Quantitative evaluation of adaptive satellite power control using Japanese rain radar data

In order to realize future large-capacity, high-speed and highly advanced multimedia satellite communication and broadcasting systems, utilization of Ka-, Q-, V- and even W-bands radio wave is indispensable. In such radio link, performance degradation due to rain-induced attenuation and noise increase, gaseous attenuation, rain- or ice-induced depolarization and interference from other systems is expected. Above all, rain attenuation is the most significant factor for link performance. This is the reason that attenuation mitigation becomes very important.
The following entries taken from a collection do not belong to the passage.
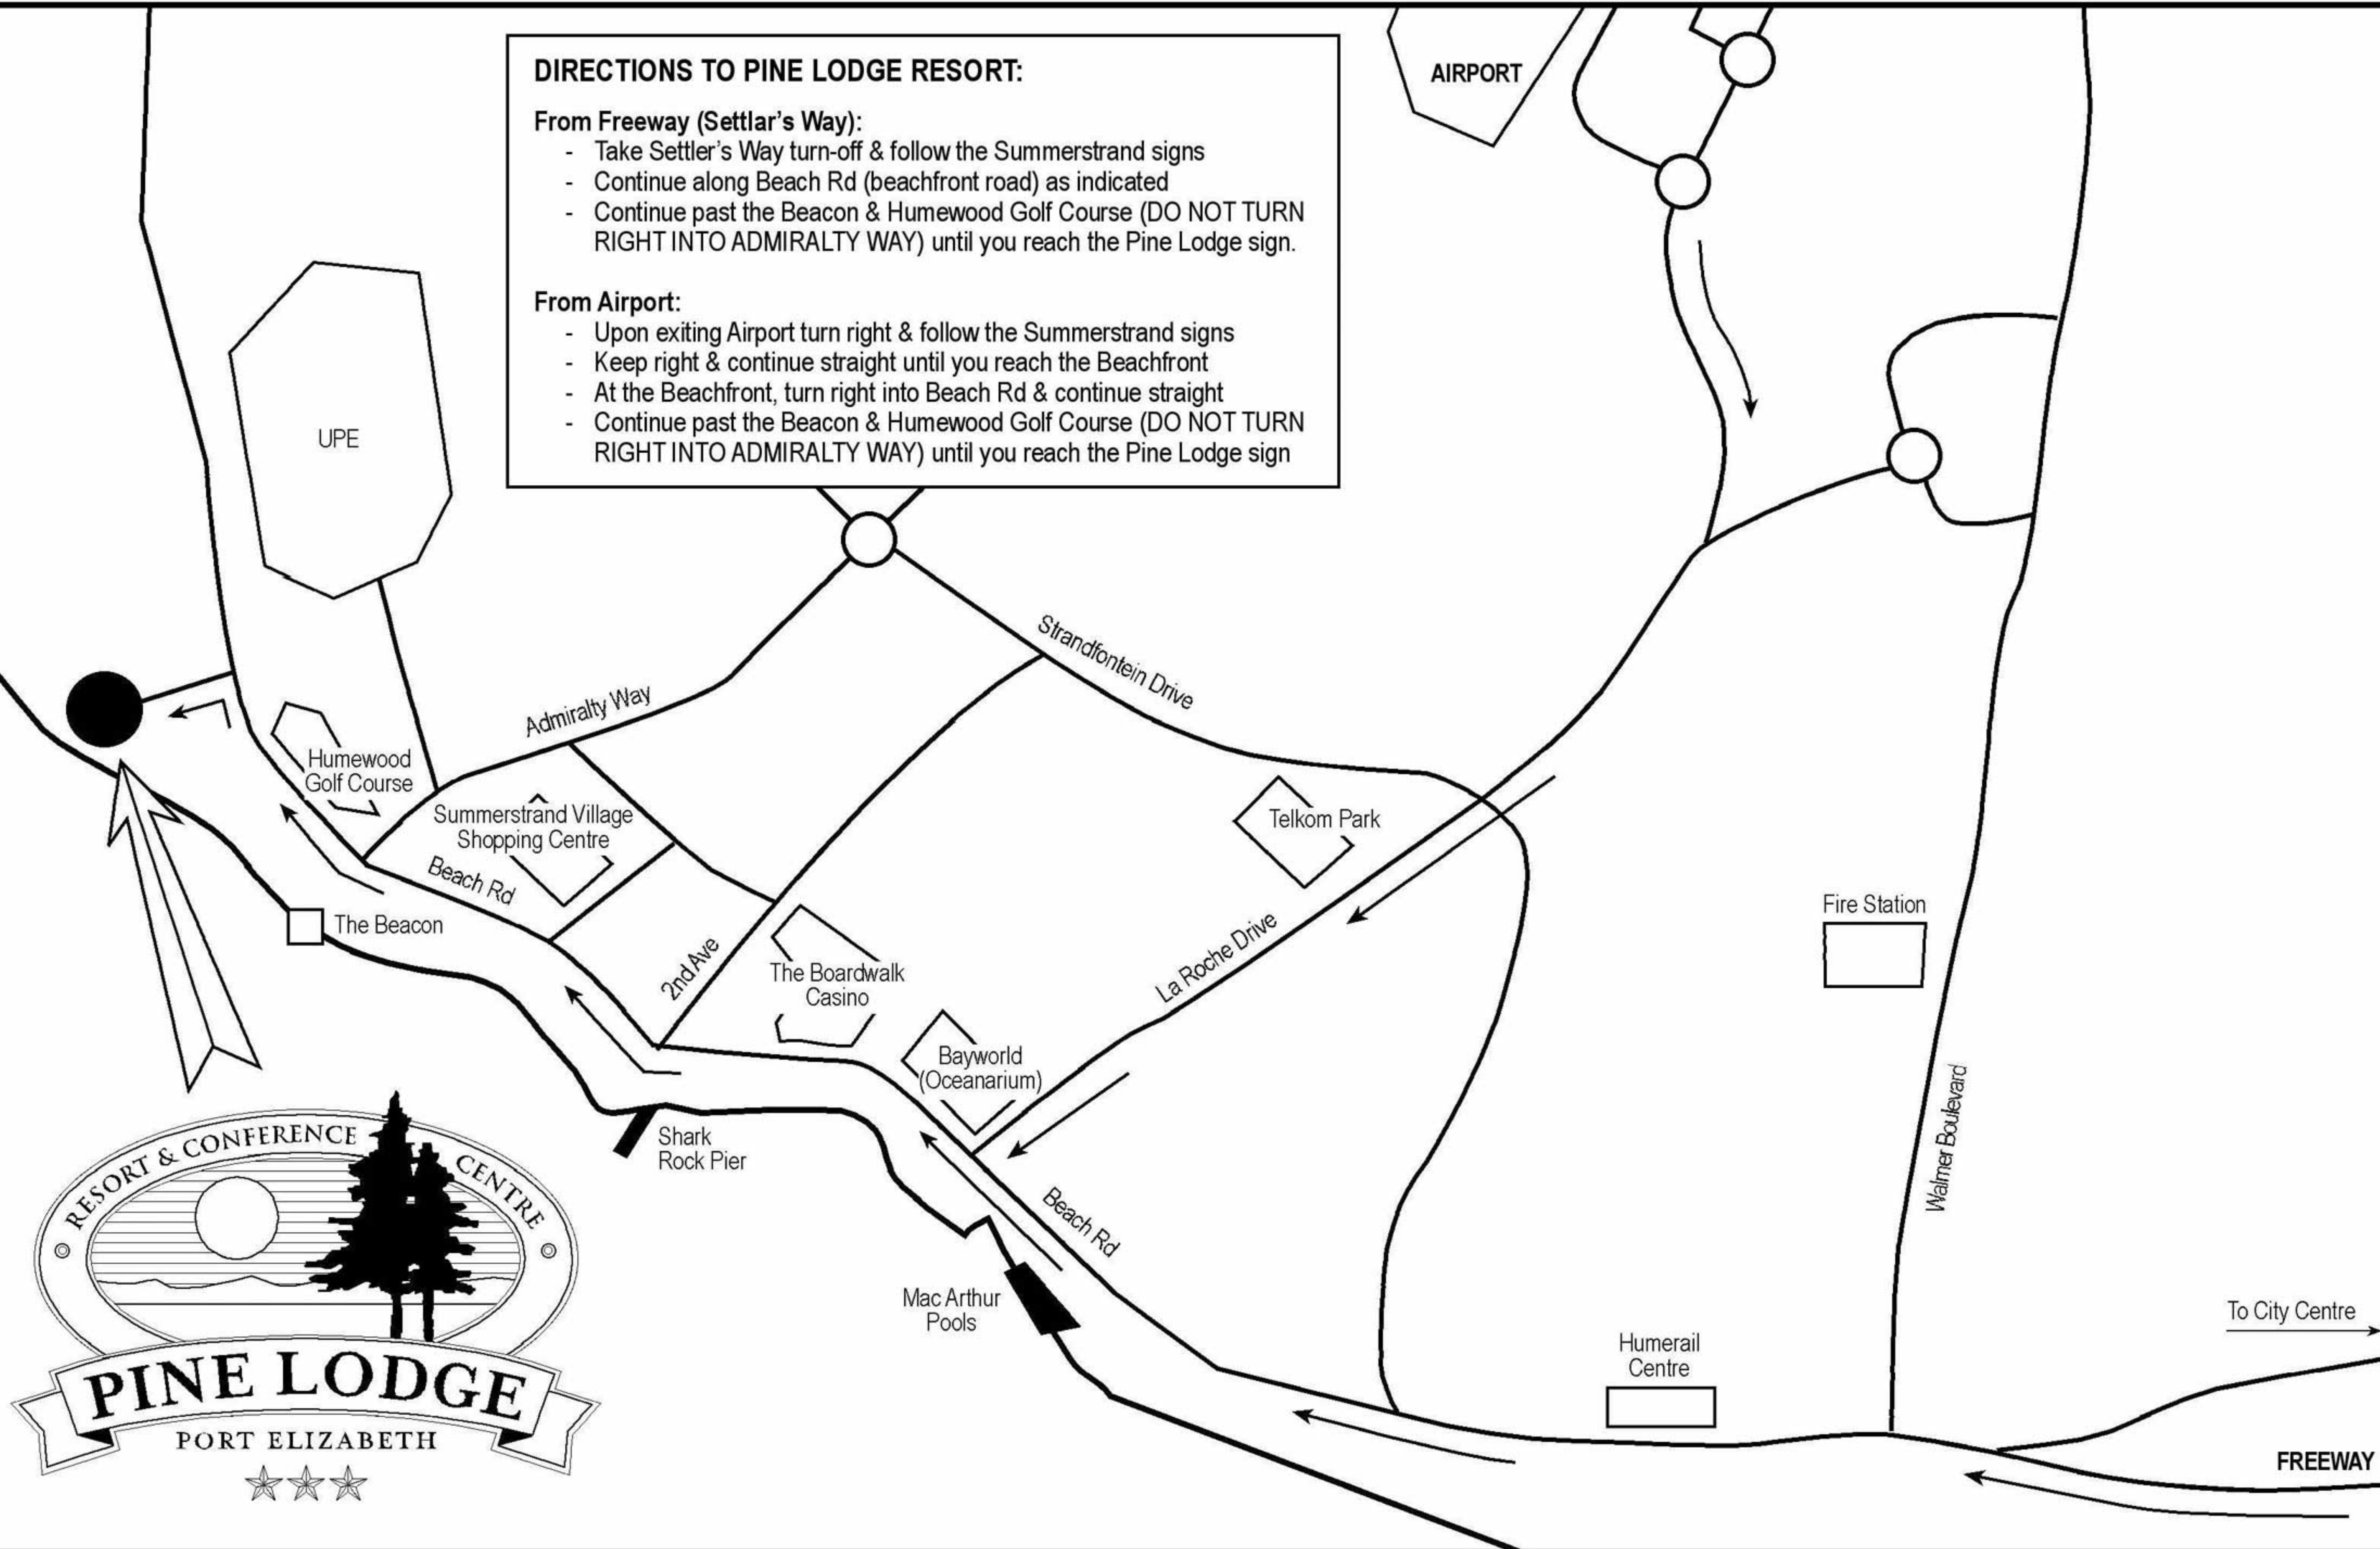

DIRECTIONS TO PINE LODGE RESORT:

From Freeway (Settler's Way):

- Take Settler's Way turn-off & follow the Summerstrand signs
- Continue along Beach Rd (beachfront road) as indicated
- Continue past the Beacon & Humewood Golf Course (DO NOT TURN RIGHT INTO ADMIRALTY WAY) until you reach the Pine Lodge sign.

From Airport:

- Upon exiting Airport turn right & follow the Summerstrand signs
- Keep right & continue straight until you reach the Beachfront
- At the Beachfront, turn right into Beach Rd & continue straight
- Continue past the Beacon & Humewood Golf Course (DO NOT TURN RIGHT INTO ADMIRALTY WAY) until you reach the Pine Lodge sign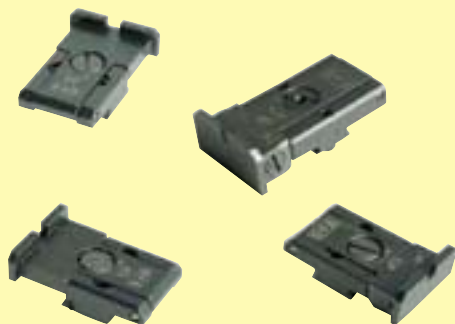

ARTICLE 02-01-xx

- ADJUSTABLE SIGHTS – for PISTOLS, case hardened steel, CLASSICAL.
- MIKROMETER VISIERE – für PISTOLEN, Gehärtet Stahl, KLASSISCHE.
- MIKROMETRICKÁ PISTOLOVÁ HLEDÍ KLASICKÁ.

02-01-01 = TARGET, CZ-75/85/97/82/83, etc. NORINCO, BROWNING
02-01-02 = GLOCK, (ALL, ALLE)
02-01-03 = BASIC, CZ-75/85/97, etc.
02-01-04 = COMBAT, IPSC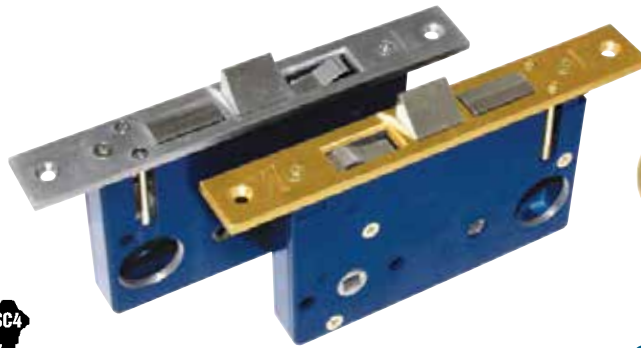

Gotham™

Gotham™ Mortise Locksets

Each Features:

- Backset: 2-1/2"; deadbolt: 1"
- Front: 1-1/16" X 7-5/8" 6 Pin 6SH1 keyway
- Solid brass cylinder w/ 2 keys
- Lifetime mechanical warranty

Blue Labels

- Swivel spindle w/ screw-on knobs
- Surface mounted Brass plate assemblies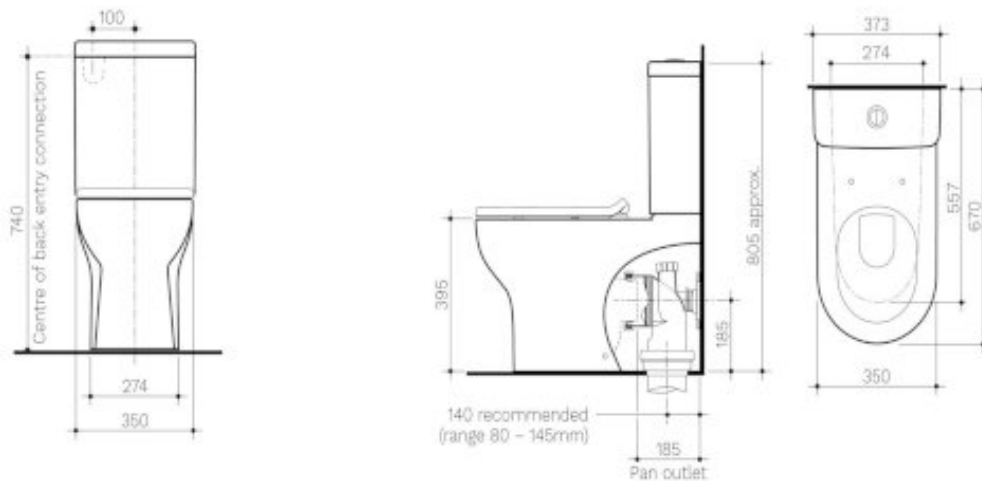

CLARK

ROUND BACK TO WALL TOILET SUITE

Take some time out on your very own alone throne...Our CLARK Back to Wall toilet suites are the best seat in the house! - Includes quick release, soft close seat and chrome flush button. - Matte Black or Matte White flush buttons also available as optional extra CL60007.W (white) and CL60007.B (black) - Universal Trap suitable for both S and P Trap installations - Available with Bottom Inlet cistern or Back Entry cistern - Vitreous China

- WELS 4 star 4.5/3L (3.5L avg/flush) - Back entry cistern - Universal trap for both S and P trap installations - Includes quick release, soft close seat - Chrome flush button included - Optional Matte Black or Matte White flush button available CL60007.W (white) and CL60007.B (black) - Vitreous China

PRODUCT CODES

CL30010.W4S Round Back To Wall Toilet Suite - Back Entry (Slimline Seat) \$676.59*

CL30009.W4S Round Back To Wall Toilet Suite - Bottom Inlet (Slimline Seat) \$676.59*

© COPYRIGHT 2014 - CAROMA INDUSTRIES LIMITED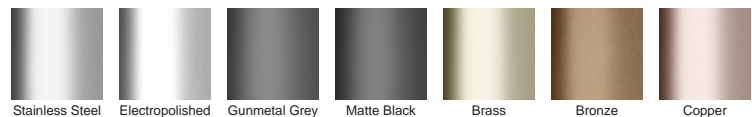

**Code** 100ARiMTLF

**Range** 100

**Grate Style** AR

**Category** Made-to-Length

**Channel Material** Stainless Steel

**Steel Grade** 316

Grates longer than 1500mm supplied in sections. Tile Inserts longer than 1200mm supplied in sections. Channels over 3000mm supplied in sections with joiner. +/-2mm tolerance on dimensions.

### STORMTECH COLOUR FINISHES

Electroplate finishes subject to natural variation with time and local environment. Factors such as pools/surf beaches may require electropolishing. Contact us for suitability.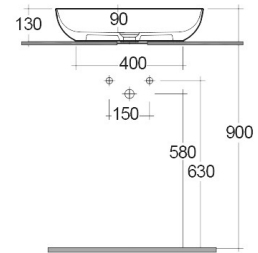

# RAK-FEELING WB SLIM - FEECT5500AWHA

Wash basin | Counter Top

**RAK**  
CERAMICS

## TECHNICAL SPECIFICATIONS

Suite:	RAK-FEELING WASHBASINS
Type:	Counter Top
Dimensions:	550 x 350 mm
Weight:	9.3 Kg
Color:	Alpine White
Shape of basin:	Oval

Code	Name
FEECT5500AWHA	RAK-FEELING SLIM OVAL WASH BASIN ALPINE WHITE - 55 CM
DUO002AWHA	RAK-DUO Free Flow Wastes Alpine white

Dimensions: All dimensions in mm. Tolerance of vitreous china & fireclay items:  $\pm 5\%$  for below 200mm and  $\pm 3\%$  for above 200mm; for all other items tolerance  $\pm 1\%$ . Note: Due to a continuing development program to improve design and performance, the manufacturer reserves all rights to vary specifications without prior information. Please note accessories are for photographic use only.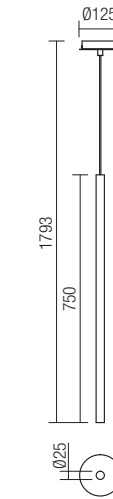

Technical info

- art. 01-1220 Sand White
- art. 01-1221 Sand Black
- art. 01-2365 Sand Coffee
- art. 01-2360 Rose Gold
- art. 01-2359 Brush Brass

Led type	SMD Bridgelux, 1 pcs x 7W
Power	7W
Input	220V-240V, 50/60Hz
Color temperature	3000K
Lumen source	675 lm
Lumen system	390 lm
Optic	18°
CRI	90
Not dimmable	

CE IP20

- art. 01-1222 Sand White
- art. 01-1223 Sand Black
- art. 01-2366 Sand Coffee
- art. 01-2362 Rose Gold
- art. 01-2361 Brush Brass

Led type	SMD Bridgelux, 1 pcs x 7W
Power	7W
Input	220V-240V, 50/60Hz
Color temperature	3000K
Lumen source	675 lm
Lumen system	390 lm
Optic	18°
CRI	90
Not dimmable	

CE IP20

- art. 01-1224 Sand White
- art. 01-1225 Sand Black
- art. 01-2367 Sand Coffee
- art. 01-2364 Rose Gold
- art. 01-2363 Brush Brass

Led type	SMD Bridgelux, 1 pcs x 7W
Power	7W
Input	220V-240V, 50/60Hz
Color temperature	3000K
Lumen source	675 lm
Lumen system	390 lm
Optic	18°
CRI	90
Not dimmable	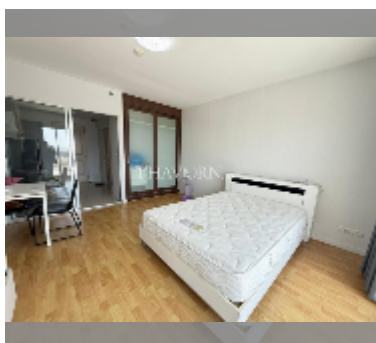

Condo for sale 1 bedroom 35 m² in Unicca, Pattaya

฿ 1,450,000

UNIT PARAMETERS:

UID	FS-242758
quota	thai quota
type	1 bedroom
size	35m²
floor	12
view	city view

PROJECT PARAMETERS:

district	Central Pattaya
buildings	1
floors	29
built in	2012

FACILITIES:

General information: highrise, underground parking.

Swimming pool: swimming pool, rooftop pool.

Chill zone: chill zone, garden.

Health zone: gym.

Other: lobby, meeting room, CCTV, security, minimart.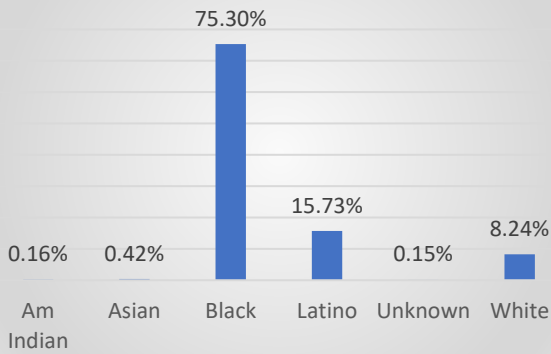

Sheriff's Daily Report

12/4/2020

Under the Custody of the Sheriff	
Total Male and Female	8,858
Jail Population	5,493
Community Corrections	3,365

Jail Population - Behind the Walls

Behind the Walls: Detainees that are physically housed under the Sheriff's custody 24 hours a day/7 days a week. This includes all populations listed on this chart - Divisional populations male & female, Outside Counties, Hospital, PRC, Women's Residential, & VRIC. Detainees in court-ordered treatment programs (PRC, Women's Residential, VRIC) are housed at CCDOC 24 hours a day/7 days week.

Sheriff's Daily Report

12/4/2020

CCSO Population Demographics

In Confinement

Gender Distribution

Race Distribution

Age Distribution

Community Corrections

Gender Distribution

Race Distribution

Age Distribution

To cope with such large attenuation events, powerful attenuation mitigation technologies should be developed. Attenuation mitigation methods are roughly classified into the following three categories as shown in Table 1; Static methods such as margin increase in transmitter and receiver system. These are not suitable in the system in which large attenuation is expected. Adaptive methods such as adaptive EIRP allocation toward the area suffered from large attenuation. They are effective in large attenuation case within a limit of total resource capability such as satellite total power. Diversity methods such as site- and time-diversity. They prepare several redundant links which have low attenuation correlation and adopt the best performance link selectively. In this paper, the authors assume adaptive satellite power control method by which satellite transmitting power for relevant area is increased using multi-beams or modified beam pattern. The effect of this method is evaluated by using rain-radar data obtained in Japan. Especially, link performance within a beam is evaluated.